Wie kommt dieses Alarmsignal zustande? Zuständig für diese Autobahn der Datenübertragung, die blitzschnell den ganzen Körper in Bereitschaft versetzen kann, um hohe Energien freizusetzen, die fürs Überleben gebraucht werden, ist der Nervus Vagus, der für Erregung und Anspannung, aber auch für Entspannung, zuständig ist.
Auf dem Bild sehen Sie seinen faszinierenden Verlauf (in gelber Farbe). Er entspringt dem Hirnstamm, dem ältesten Teil des Gehirns, das auch ‚Reptilienhirn‘ genannt wird.

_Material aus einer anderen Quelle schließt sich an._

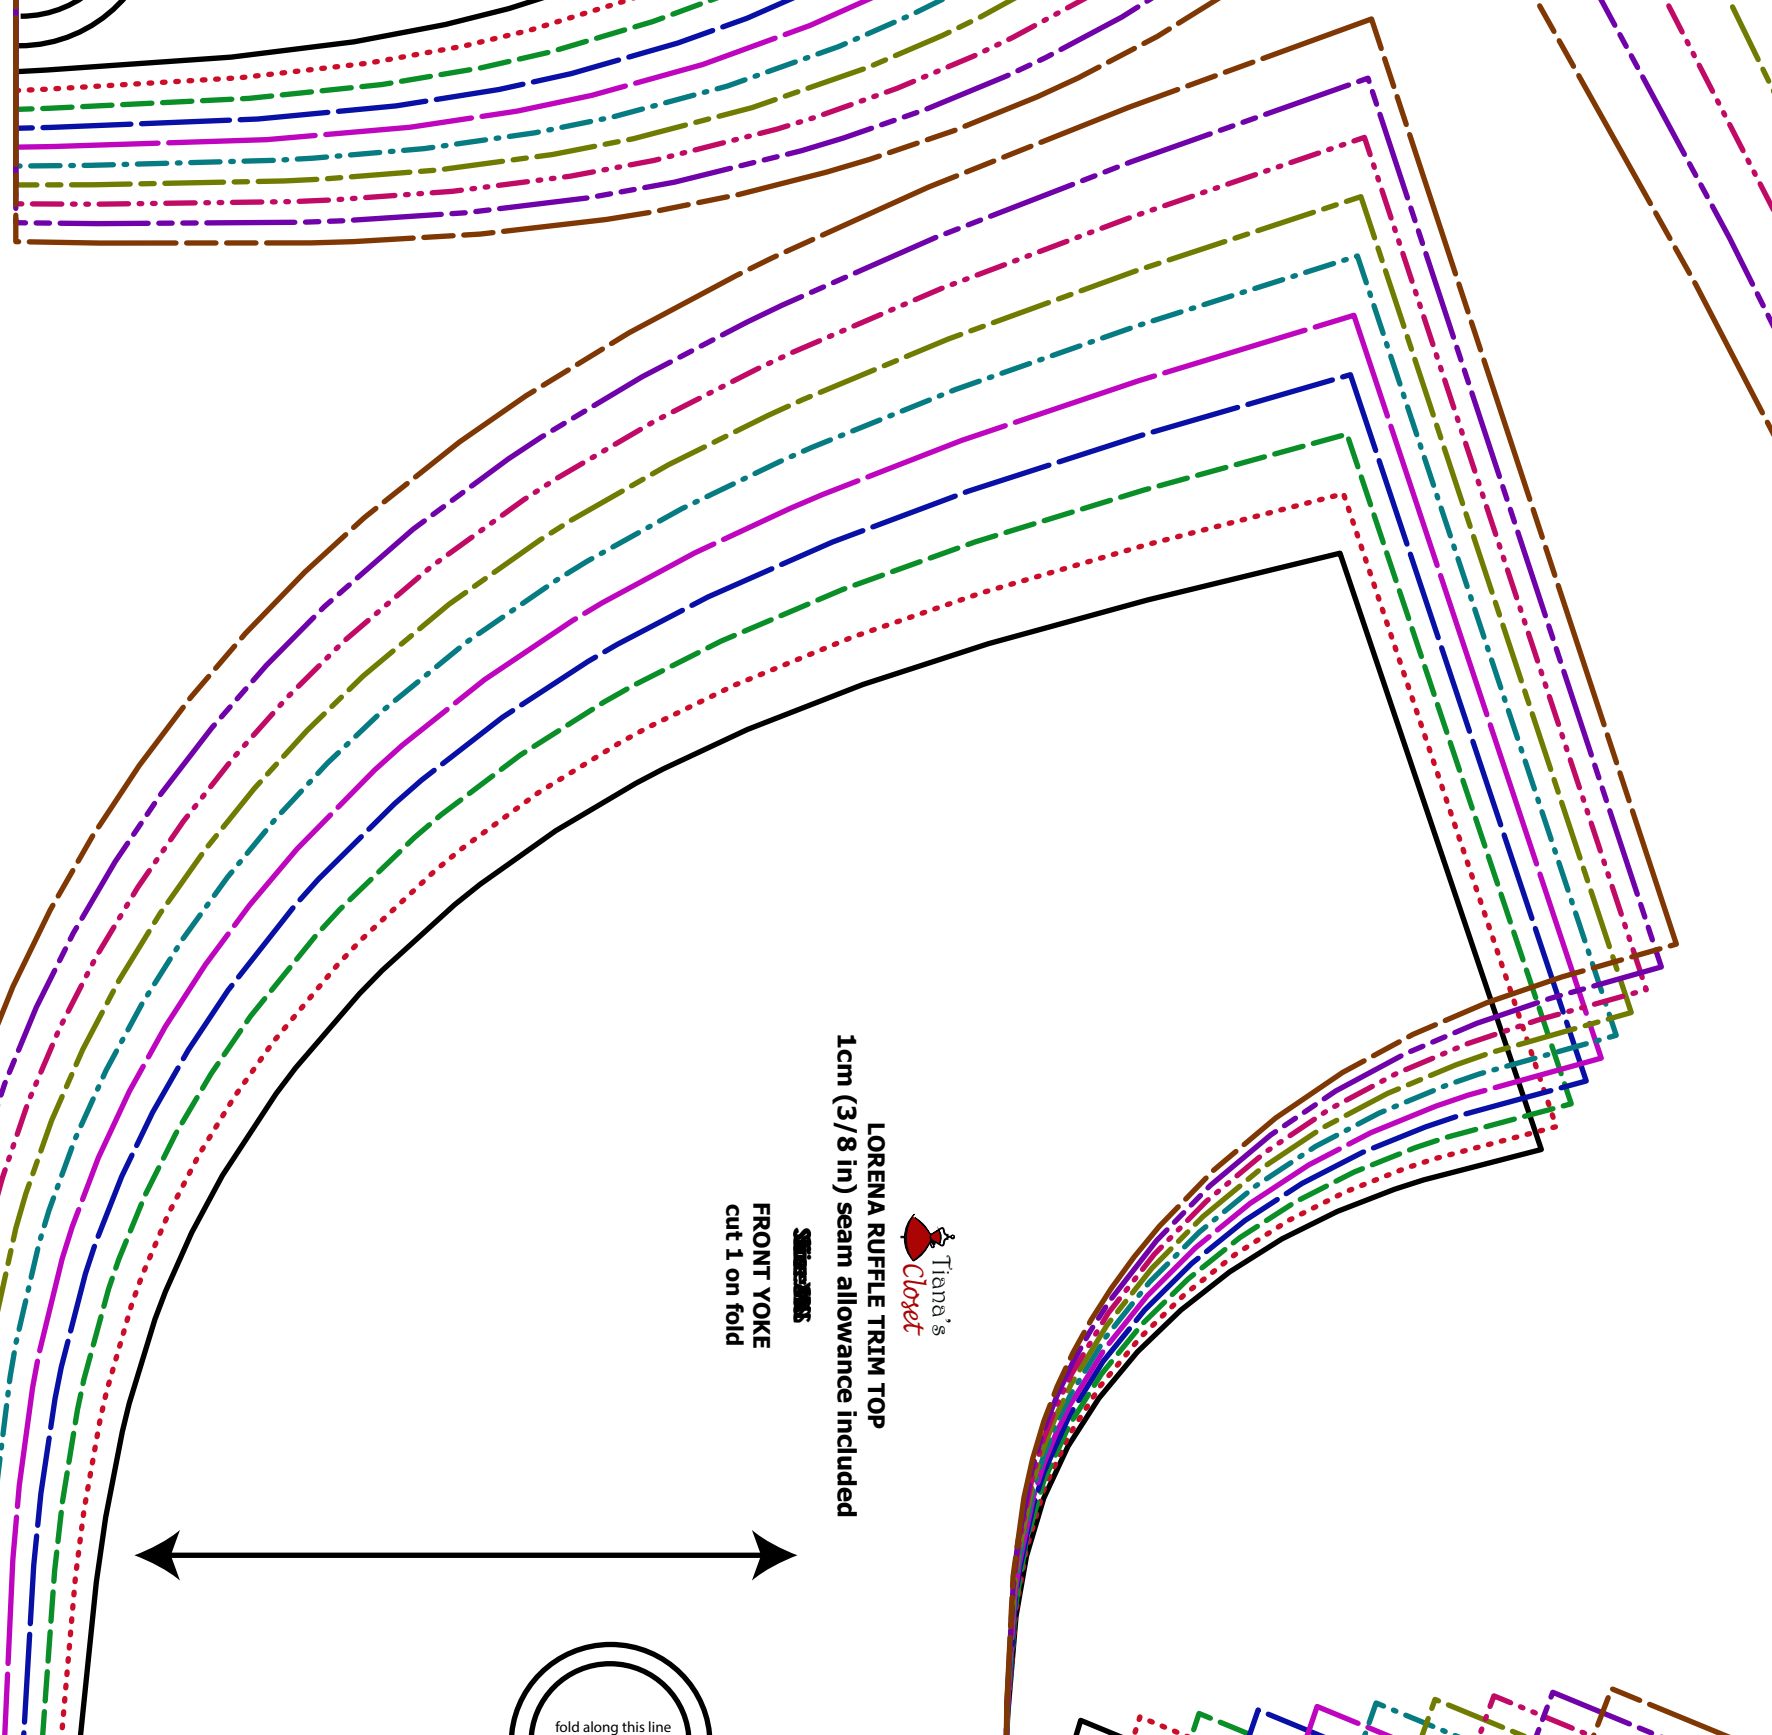

LEGEND

SIZE XXS	---
SIZE XS	---
SIZE S	---
SIZE M	---
SIZE L	---
SIZE XL	---
SIZE XXL	---
SIZE 3XL	---
SIZE 4XL	---
SIZE 5XL	---

SIZE TABLE
WOMEN'S CLOTHING SIZE

- Sizing is based on body measurements.
- If between sizes, size up for woven fabric, size down for knit fabric.

Unit: centimeter

Size	XXS	XS	S	M	L	XL	XXL	3XL	4XL	5XL
Bust	80	84	88	92	96	100	104	110	116	122
Waist	60	64	68	72	76	80	84	90	96	102
Hip	88	92	96	100	104	108	112	118	124	130
Cross shoulder	35	36	37	38	39	40	41	42.5	44	45.5

Unit: inch

Size	XXS	XS	S	M	L	XL	XXL	3XL	4XL	5XL
Bust	31.5	33.1	34.6	36.2	37.8	39.4	40.9	43.3	45.7	48.0
Waist	23.6	25.2	26.8	28.3	29.9	31.5	33.1	35.4	37.8	40.2
Hip	34.6	36.2	37.8	39.4	40.9	42.5	44.1	46.5	48.8	51.2
Cross shoulder	13.8	14.2	14.6	15.0	15.4	15.7	16.1	16.7	17.3	17.9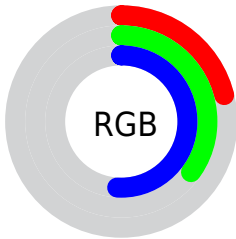

Distribution

- Red (21%)
- Green (35%)
- Blue (51%)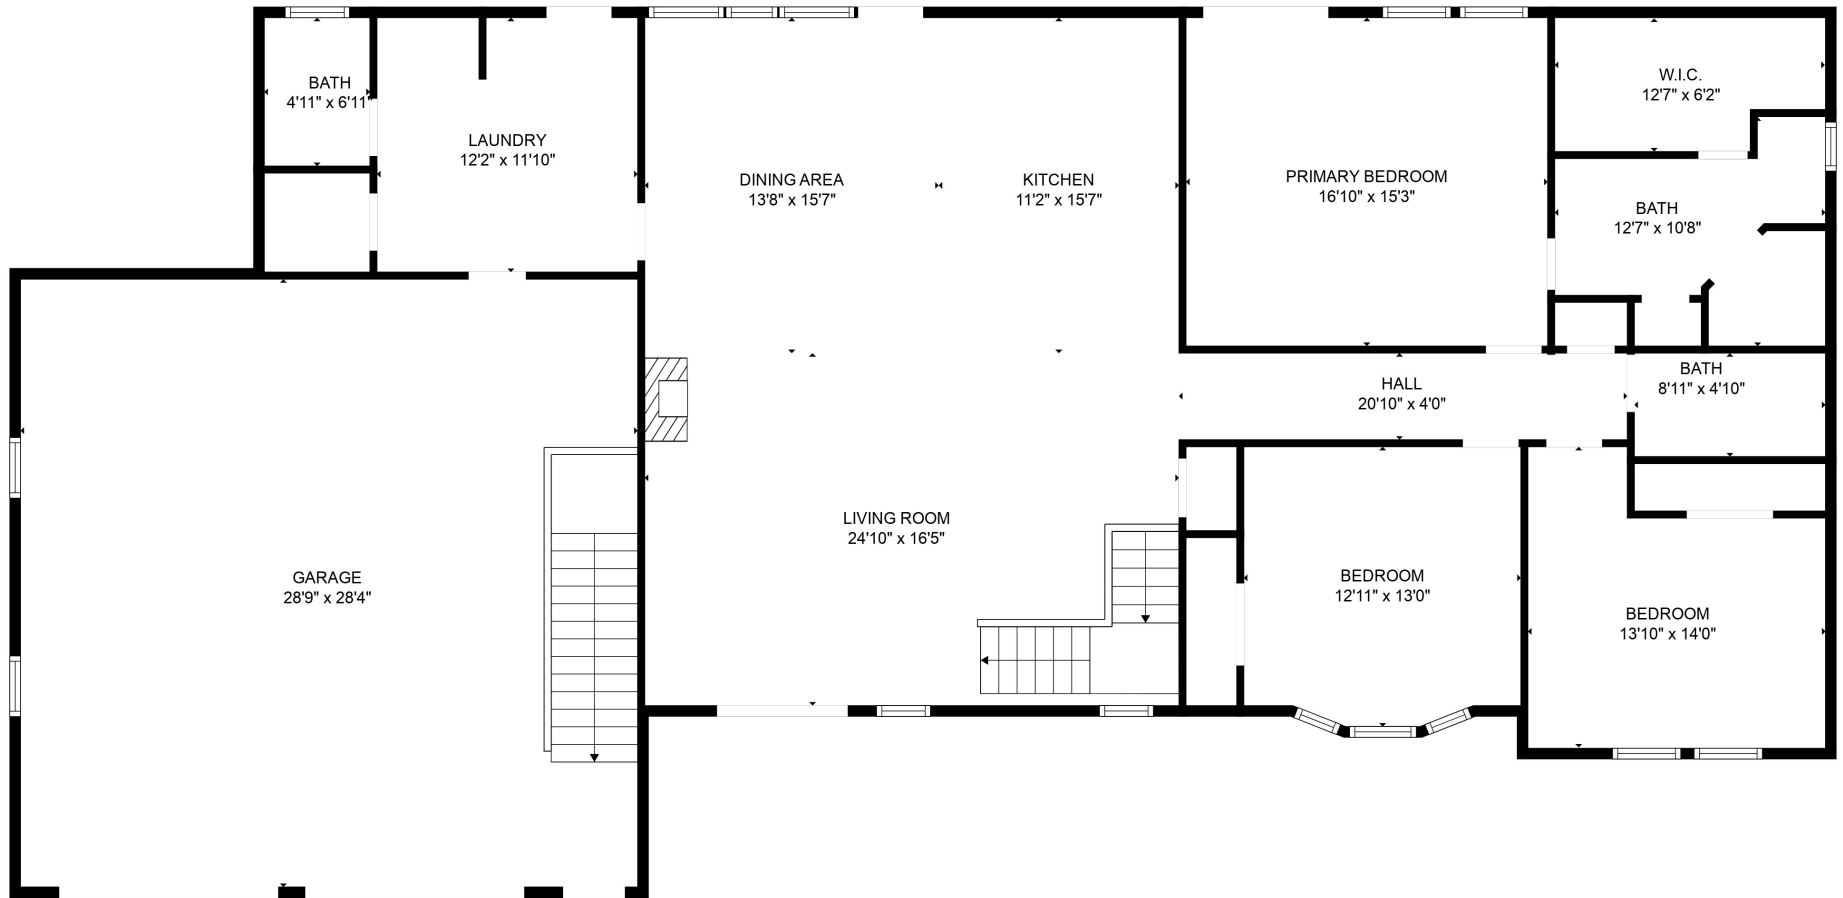

FLOOR 2

FLOOR 1

Total scanned area: 4663 sq. ft

Total scanned area: 4663 sq. ft

MEASUREMENTS ARE CALCULATED BY CUBICASA TECHNOLOGY. DEEMED HIGHLY RELIABLE BUT NOT GUARANTEED.

Total scanned area: 4663 sq. ft

MEASUREMENTS ARE CALCULATED BY CUBICASA TECHNOLOGY. DEEMED HIGHLY RELIABLE BUT NOT GUARANTEED.

Weil er durch Innenohr, Hals und Kehlkopf verläuft und sich durch die inneren Organe, bis in den Darm hinunter immer weiter verästelt, , wird er ‚der vagabundierende Nerv‘ genannt.

Die körpereigene Alarmglocke

Der Nerv ist für die Übertragung von Angst- oder Beruhigungssignalen zuständig. Bei wahrgenommener Gefahr verursacht er blitzschnell ein mulmiges Gefühl im Bauch, das sich soweit verstärken kann, dass es zu Durchfall und Erbrechen kommen kann. Diese Empfindungen sind das physische Korrelat der Angst. Hausärzte berichten über beunruhigte Patienten, die aus Sorge über ihre Bauchbeschwerden immer wieder medizinische Abklärungen wünschen, obwohl sich dadurch ’nichts‘ finden lässt.
Die körperlichen Beschwerden sind zwar real – aber eben nicht krank. Man könnte sie auch als Alarmsignale des Körpers bezeichnen, die etwas über die aktuelle bio-soziale Situation aussagen. In Worte übersetzt bedeutet die Körpersprache: ‚mir ist nicht wohl, meine Bedürfnisse sind nicht erfüllt. Ich fühle mich in meinem Gleichgewicht bedroht.‘
Das Schwierige an der Sache ist, dass körperlicher Stress oft nicht bewusst wahrgenommen wird, obwohl das Stresshormon Cortisol im Blut bereits deutlich nachweisbar ist. Das konnte der Basler Professor für Klinische Psychologie, Prof. Dirk Hellhammer, nachweisen (Hellhammer, 2008). Besteht über längere Zeit hinweg eine unterschwellige Stressreaktion, steigt die Wahrscheinlichkeit, in stressigen Situationen, oder sogar auf blosse gedankliche Vorstellungen, mit einer Alarmreaktion zu reagieren, die mit emotionalen Ausrastern oder, im Extremfall sogar mit einer Panikattacke, getoppt wird.

Warum tiefe Atmung so wichtig ist

Angst und Stress haben dank der Signalübertragung des Nervus Vagus eine Wirkung auf den Körper. Doch die Informationsübertragung funktioniert auch anders herum: Sogar achtzig Prozent der Informationen fliessen vom Bauch aufwärts ins Gehirn. Dies bedeutet, dass wir über unser Verhalten einen entscheidenden Einfluss auf unser Gemüt nehmen können.
Mit tiefer Bauchatmung kann jeder Mensch seinen Organismus in einen entspannten und gelösten Zustand bringen. Der Bauch beruhigt sich und der Nervus Vagus kann endlich Entwarnung ans Gehirn melden: ‚wir sind wieder in Sicherheit!‘

Das Sicherheitsgefühl

Daraus entspringt ein köstliches Gefühl der Geborgenheit, das in eine Entspannungsreaktion münden kann, wenn es genügend Zeit und Raum erhält, um sich entfalten zu können. Es zu geniessen und eine tägliche Übungspraxis zu entwickeln, die sich leicht in den Arbeitsalltag integrieren lässt, könnte eine lohnende Investition in die Gesundheit sein. Das Sicherheitsgefühl hat viele Vorteile, nicht nur fürs Gehirn, sondern für den ganzen Körper, insbesondere für Immunprozesse und das hormonelle Gleichgewicht. Nicht zuletzt trägt es dazu bei, sich im Leben geborgen, frei und inspiriert zu fühlen. Das könnte der Grund sein, weshalb das Wort ‚Atmen‘ auf das Sanskritwort ‚Atman‘, für ‚Seele‘, zurück geht.

Tiefenentspannung ist lernbar

Literaturangabe:

Hellhammer, D. H. & Hellhammer, J. (Hrsg.), (2008). Stress The Brain-Body Connection. Basel (Karger).